The bloodwork will only tell you if you have almost TOTAL villous atrophy, not mild - many people (myself included) think that ANY degree of villi damage warrants going on a GFD. You may simply be Gluten Sensitive (I think they are starting to use the term Non-Celiac Gluten Sensitivity [NCGS] to describe this). However, if you feel better on a GFD, then by all means get on it and STAY on it - it certainly won't hurt anything!
You can also request a genetic test (HLA Typing for Celiac Disease) to see if you carry one of the genes that are known to be associated with celiac disease - if you have one of them, then you will have one more reason to stick with a GFD, regardless of your antibody test results.
My antibody tests were negative, but I carry one of the genes and had what I believe to be Dermatitis Herpetiformis - I wish I'd known about celiac disease a lot sooner! You are fortunate to have found out about this so early - trust your instincts on this, and don't let anyone tell you that you don't know what you are talking about.
Incidentally, my sister told me (right before she died) that one of her doctors "had to be good" (an opinion NOT shared by me), because she graduated from Harvard Medical School. My reply to her was that SOMEONE has to graduate at the bottom of the class - and who knows where ANY doctor ranked in their class (other than the doctor and their school)?
You may want to check out R.O.C.K. (Raising Our Celiac Kids) - I think they have a website. Also, Woodbine House Publishing puts out a lot of books on different topics for kids with specific health issues - Down syndrome, Autism, ADHD, Celiac Disease, etc. - you may want to ask to be put on their mailing list and request a catalog from them. Our youngest daughter has Down syndrome (and was diagnosed with celiac disease last year), so we are well acquainted with Woodbine House - they are absolutely wonderful folks! They do have a website, but I don't know it off the top of my head.......
This isn't something that adults usually have to worry about, but most people forget that Play-Doh has wheat in it. If it gets on a child's hands, the hands go in the mouth, and they get a gluten reaction for no APPARENT reason. Same thing goes for sheet rock and joint compound - which our family found out the HARD way last month while doing a home renovation project......

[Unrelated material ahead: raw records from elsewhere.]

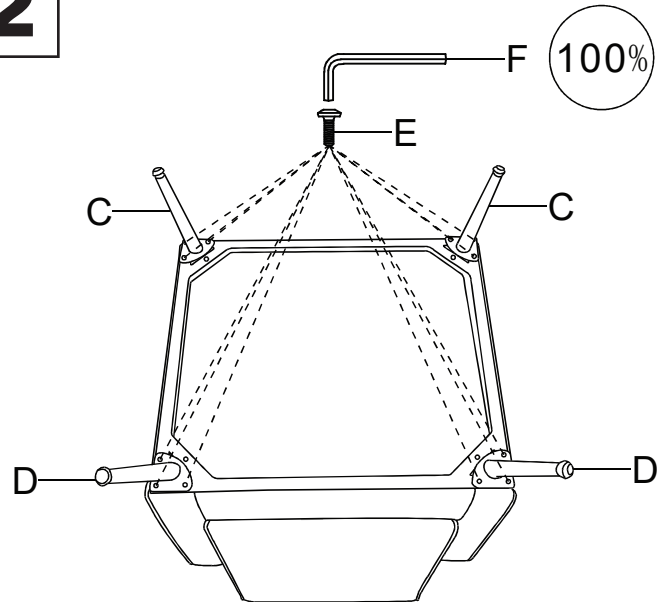

CASPER LOUNGER

Part # CHR-CASPERLNGR XX+XX

24-0304

PARTS

A

B

x2
C

x2
D

x12
M6*16MM
E

F

1

2

3

⚠ WARNING: SEATING

- Read all instructions carefully and completely before assembly and use. Retain for future reference.
- Keep plastic bags and small parts away from children.
- For residential (non-commercial) use only.
- DO NOT stand on product. Use only for intended table purpose.
- Max weight limit 250 lbs.
- Periodically check for loose hardware; retighten as necessary.
- DO NOT use product if any component becomes damaged.
- DO NOT use power tools to assemble OR overtighten hardware.
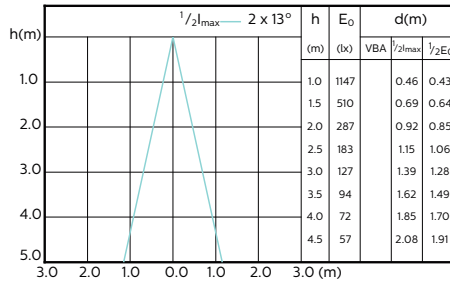

**MASTER LEDspot ExpertColor MV 50W GU10
930 25D**
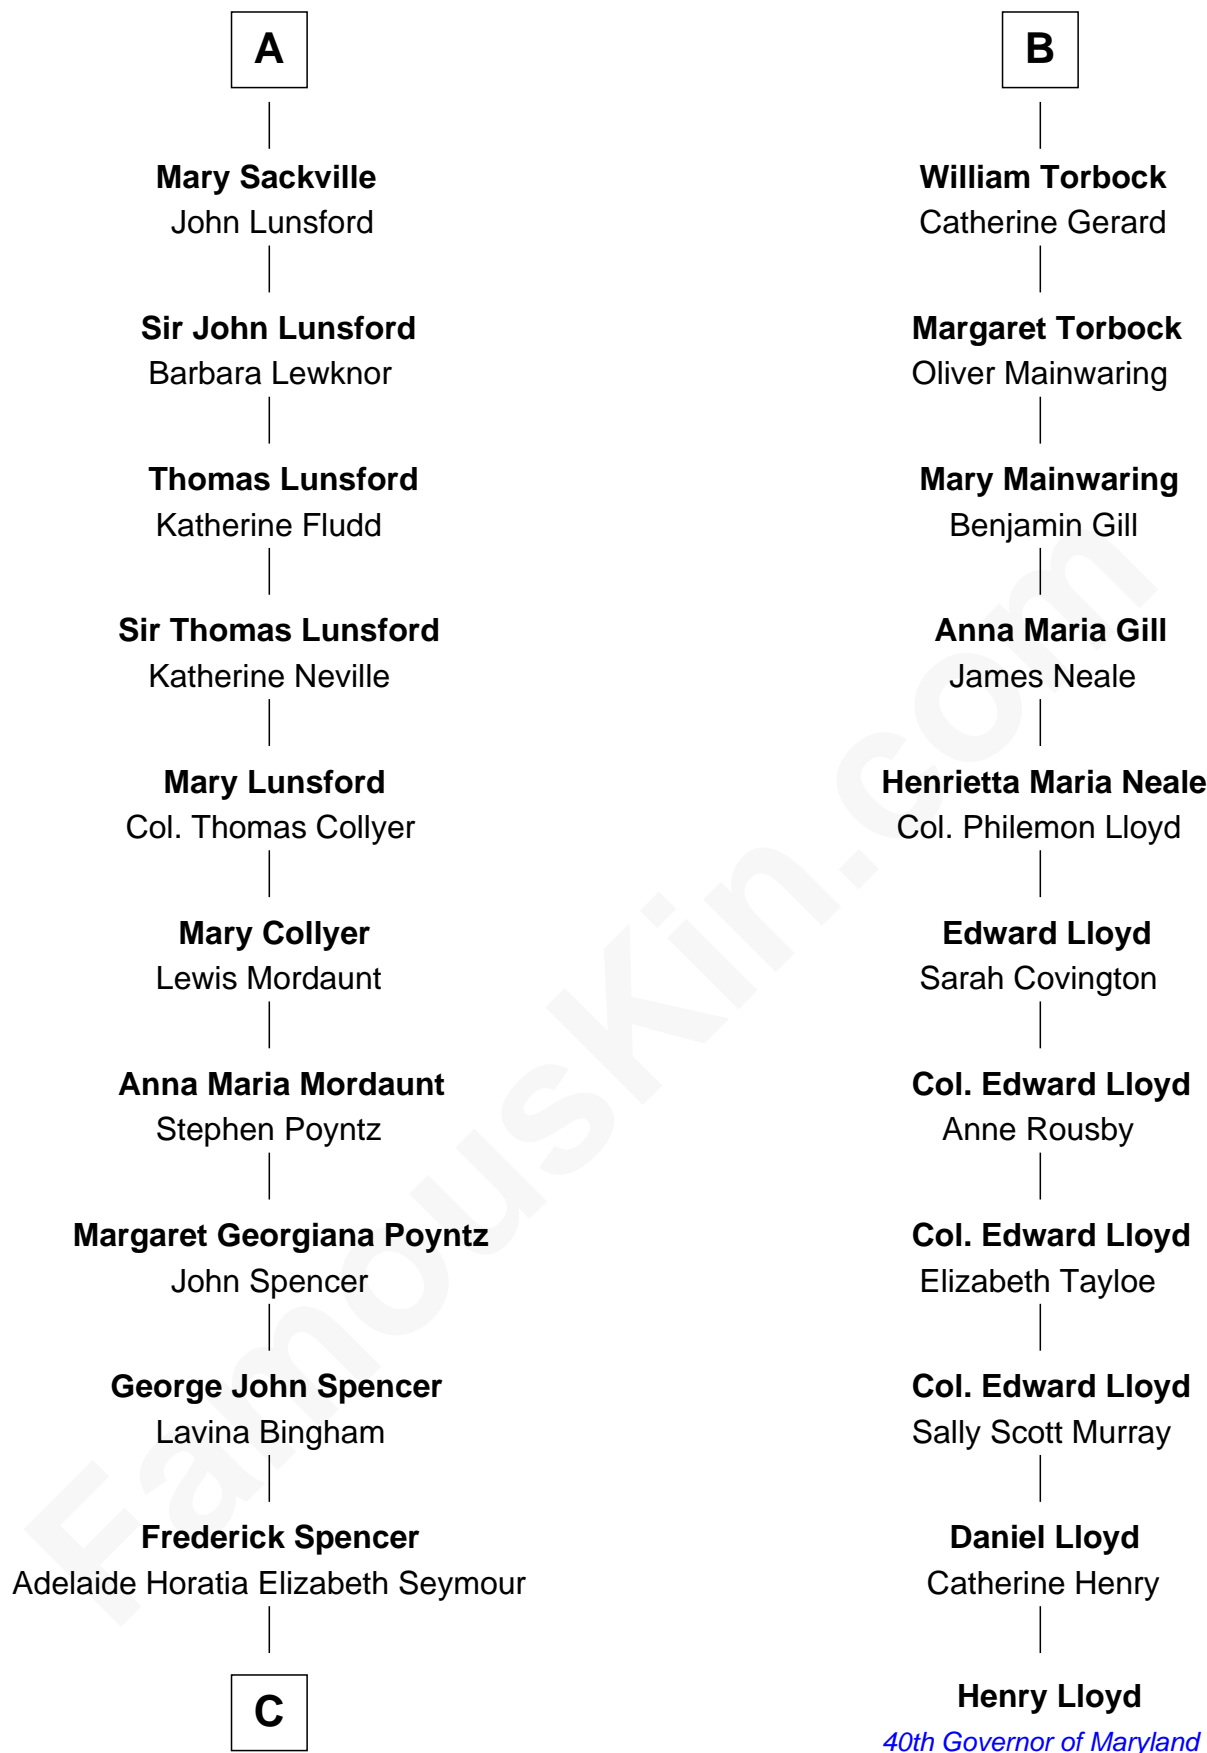

FamousKin.com

Relationship Chart of

Princess Diana

Princess of Wales

17th cousin 3 times removed of

Henry Lloyd
40th Governor of Maryland

C

—
Charles Robert Spencer

Margaret Baring

—
Albert Edward John Spencer

Cynthia Elinor Beatrix Hamilton

—
Edward John Spencer

Frances Ruth Burke Roche

—
Princess Diana

Princess of Wales

FamousKin.com

You may want to contact your local Gluten Intolerance Group (GIG) - the main website is www.gluten.net, and from there you can look for a group in your area - they should be able to direct you to a local pediatric GI who may be willing to see you immediately, given your daughter's symptoms and your family history of Celiac Disease.
Incidentally, you can have the genetic test run anytime - a person's genes aren't affected by eating gluten. Ask for the HLA Typing for Celiac Disease test - if that comes back showing that she carries the gene for celiac disease, then you can decide to go ahead and continue with a GFD, regardless of the results of an antibody test and/or a biopsy.

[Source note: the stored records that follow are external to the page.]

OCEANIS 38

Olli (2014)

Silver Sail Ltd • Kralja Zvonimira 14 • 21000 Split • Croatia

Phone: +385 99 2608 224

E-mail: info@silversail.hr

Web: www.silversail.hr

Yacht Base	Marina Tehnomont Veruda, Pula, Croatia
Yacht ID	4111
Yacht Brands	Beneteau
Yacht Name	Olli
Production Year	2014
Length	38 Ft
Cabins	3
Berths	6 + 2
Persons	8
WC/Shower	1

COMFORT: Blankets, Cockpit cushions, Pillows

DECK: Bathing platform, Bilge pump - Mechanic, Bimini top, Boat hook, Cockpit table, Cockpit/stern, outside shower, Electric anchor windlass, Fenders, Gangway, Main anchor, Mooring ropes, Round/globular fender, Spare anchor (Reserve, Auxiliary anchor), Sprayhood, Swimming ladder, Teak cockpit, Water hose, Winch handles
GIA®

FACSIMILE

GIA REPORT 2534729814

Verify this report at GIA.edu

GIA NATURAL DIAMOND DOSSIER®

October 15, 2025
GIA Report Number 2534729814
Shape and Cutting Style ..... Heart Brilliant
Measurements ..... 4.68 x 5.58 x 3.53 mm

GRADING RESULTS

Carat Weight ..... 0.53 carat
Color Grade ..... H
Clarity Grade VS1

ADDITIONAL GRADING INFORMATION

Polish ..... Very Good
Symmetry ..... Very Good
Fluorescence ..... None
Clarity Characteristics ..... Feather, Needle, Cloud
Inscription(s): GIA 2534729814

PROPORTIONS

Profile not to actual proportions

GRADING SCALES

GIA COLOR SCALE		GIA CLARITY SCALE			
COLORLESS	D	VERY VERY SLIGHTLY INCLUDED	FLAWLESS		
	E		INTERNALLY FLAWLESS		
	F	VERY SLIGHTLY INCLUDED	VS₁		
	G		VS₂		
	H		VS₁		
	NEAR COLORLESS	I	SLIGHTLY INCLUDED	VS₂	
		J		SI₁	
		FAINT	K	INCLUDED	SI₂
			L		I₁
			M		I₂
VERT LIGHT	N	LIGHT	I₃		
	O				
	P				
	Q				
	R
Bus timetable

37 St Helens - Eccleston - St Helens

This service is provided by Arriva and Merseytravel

Many GI doctors are hesitant to recommend a GFD for someone if they don't have a positive diagnosis, because they are still under the mistaken impression that following a GFD is difficult. You need to do what YOU feel is best for your little girl - you're already doing that, so keep up the good work!

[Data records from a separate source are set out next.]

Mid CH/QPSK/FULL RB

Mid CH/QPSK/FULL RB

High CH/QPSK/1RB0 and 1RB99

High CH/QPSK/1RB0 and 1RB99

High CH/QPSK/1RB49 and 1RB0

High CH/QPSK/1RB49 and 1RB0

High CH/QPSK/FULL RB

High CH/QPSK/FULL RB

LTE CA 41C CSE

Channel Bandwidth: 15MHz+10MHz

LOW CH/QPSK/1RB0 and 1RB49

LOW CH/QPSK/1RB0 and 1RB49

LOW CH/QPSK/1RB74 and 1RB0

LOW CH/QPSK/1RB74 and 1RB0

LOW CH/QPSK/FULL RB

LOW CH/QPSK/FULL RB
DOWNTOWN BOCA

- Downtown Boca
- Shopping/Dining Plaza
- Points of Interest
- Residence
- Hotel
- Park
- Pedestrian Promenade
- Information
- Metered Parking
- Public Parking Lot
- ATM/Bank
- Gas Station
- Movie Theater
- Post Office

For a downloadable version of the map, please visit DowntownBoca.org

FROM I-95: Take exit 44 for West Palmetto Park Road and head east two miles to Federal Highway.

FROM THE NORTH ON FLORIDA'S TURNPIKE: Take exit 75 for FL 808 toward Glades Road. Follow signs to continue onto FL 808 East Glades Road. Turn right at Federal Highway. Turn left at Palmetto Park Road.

Good luck, and I hope you find something out really soon -
I had the same problem - don't know what might help "internally", but I just went out and bought some really "strong" clear nail polish (Sally Hansen's Triple Strong Advanced Gel Nail Fortifier) and have been using that for the past month or so. It has helped a lot. Just about any nail "strengthener" should work - and I am NOT a nail polish kind of gal - and I suppose acrylic nails would work, too.